STORED DATA:
BEGIN

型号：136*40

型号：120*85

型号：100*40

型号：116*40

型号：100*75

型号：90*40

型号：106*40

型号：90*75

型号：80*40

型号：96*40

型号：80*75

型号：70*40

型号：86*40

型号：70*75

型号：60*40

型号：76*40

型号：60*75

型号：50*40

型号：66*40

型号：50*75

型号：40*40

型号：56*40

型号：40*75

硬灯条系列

END
BEGIN

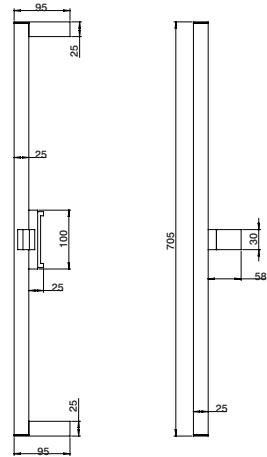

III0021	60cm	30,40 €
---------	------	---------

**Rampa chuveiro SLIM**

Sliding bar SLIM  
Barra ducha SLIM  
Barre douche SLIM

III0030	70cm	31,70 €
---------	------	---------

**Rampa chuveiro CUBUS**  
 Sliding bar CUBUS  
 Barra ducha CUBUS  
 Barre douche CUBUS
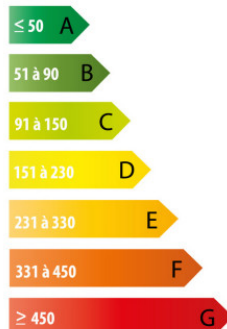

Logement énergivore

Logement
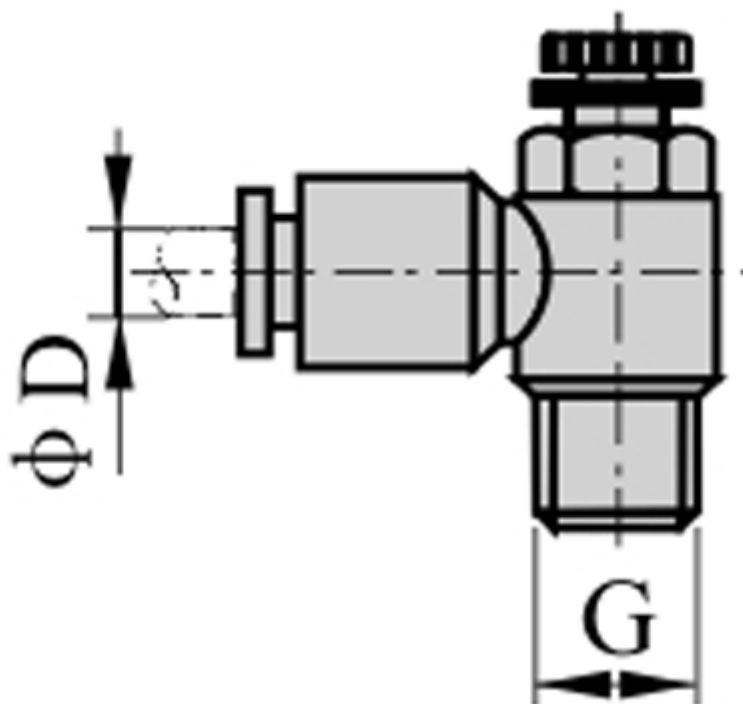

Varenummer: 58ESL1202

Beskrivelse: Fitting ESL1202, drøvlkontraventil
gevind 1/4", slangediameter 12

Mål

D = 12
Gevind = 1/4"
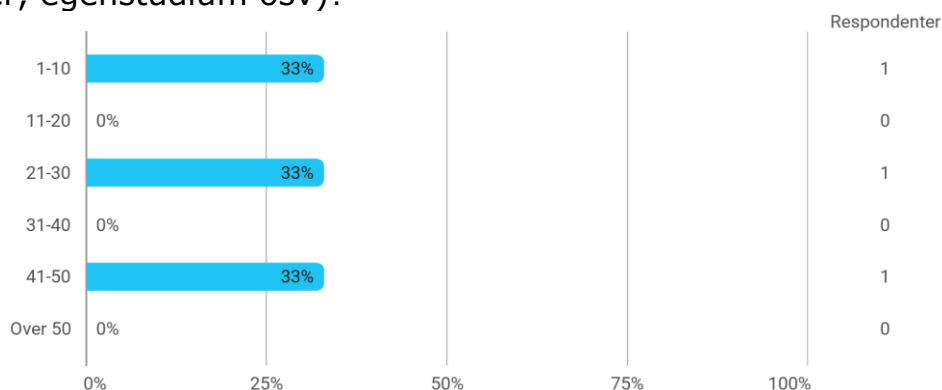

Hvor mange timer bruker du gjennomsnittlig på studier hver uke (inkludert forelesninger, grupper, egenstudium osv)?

END
BEGIN

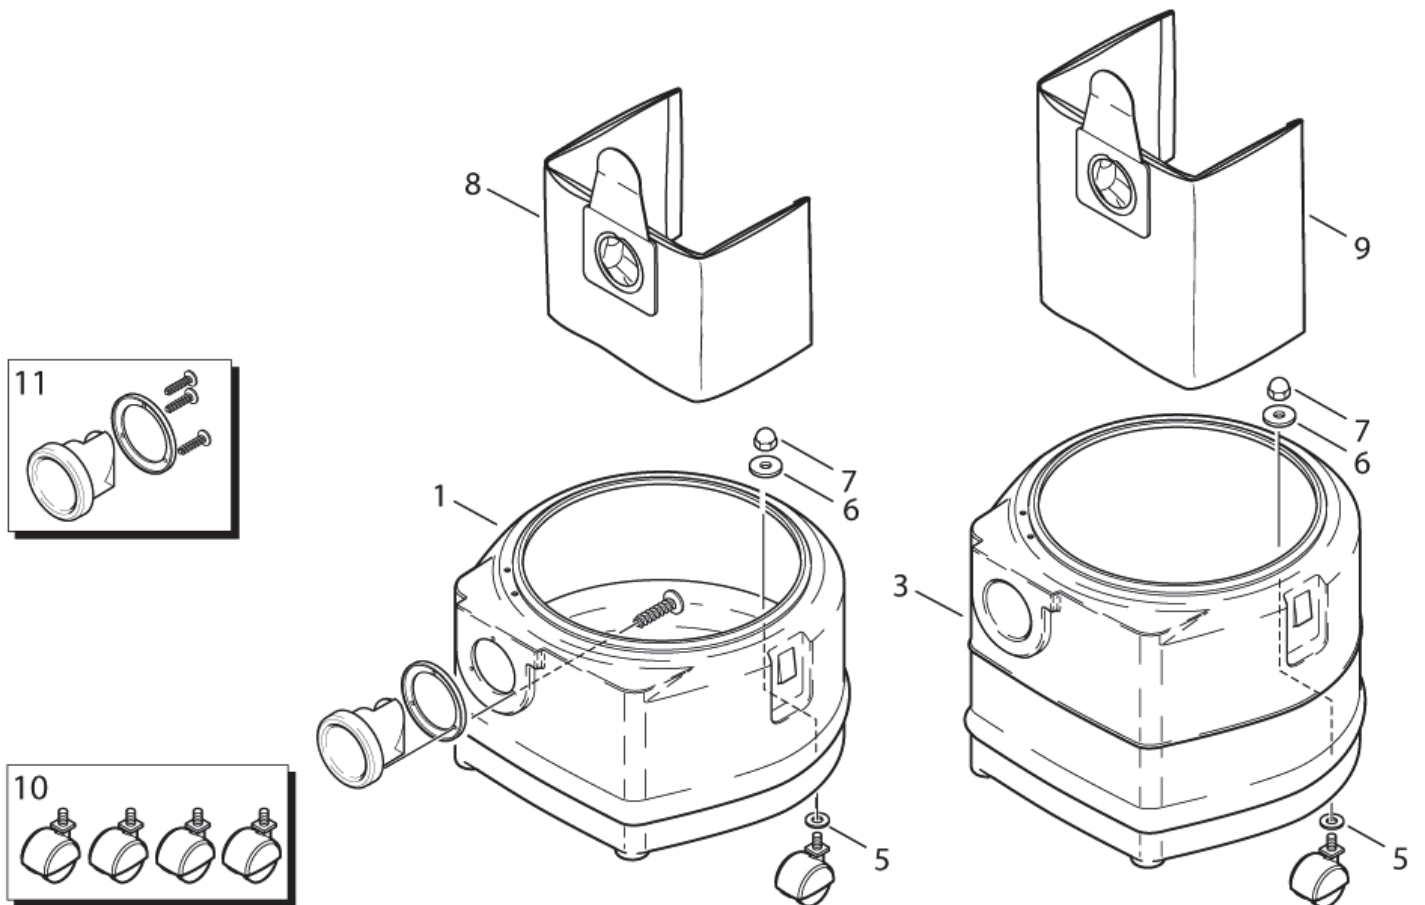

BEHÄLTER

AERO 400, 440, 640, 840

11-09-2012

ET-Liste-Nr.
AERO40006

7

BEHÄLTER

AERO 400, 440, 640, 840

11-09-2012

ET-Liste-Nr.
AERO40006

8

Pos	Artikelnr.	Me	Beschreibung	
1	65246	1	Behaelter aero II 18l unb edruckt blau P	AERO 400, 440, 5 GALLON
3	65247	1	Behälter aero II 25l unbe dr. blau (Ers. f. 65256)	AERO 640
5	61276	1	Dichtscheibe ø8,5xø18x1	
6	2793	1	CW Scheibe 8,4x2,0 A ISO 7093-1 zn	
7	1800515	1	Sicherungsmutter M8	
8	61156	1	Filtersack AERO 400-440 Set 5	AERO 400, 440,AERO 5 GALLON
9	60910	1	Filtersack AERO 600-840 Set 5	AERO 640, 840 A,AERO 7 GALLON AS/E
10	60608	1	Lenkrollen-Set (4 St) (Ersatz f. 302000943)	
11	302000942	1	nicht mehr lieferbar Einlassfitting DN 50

END

EXERCISE DETAILS: Nothing beyond a number is expected: count the lines of the material that hold the string "Filtersack".

SOLUTION BELOW: 2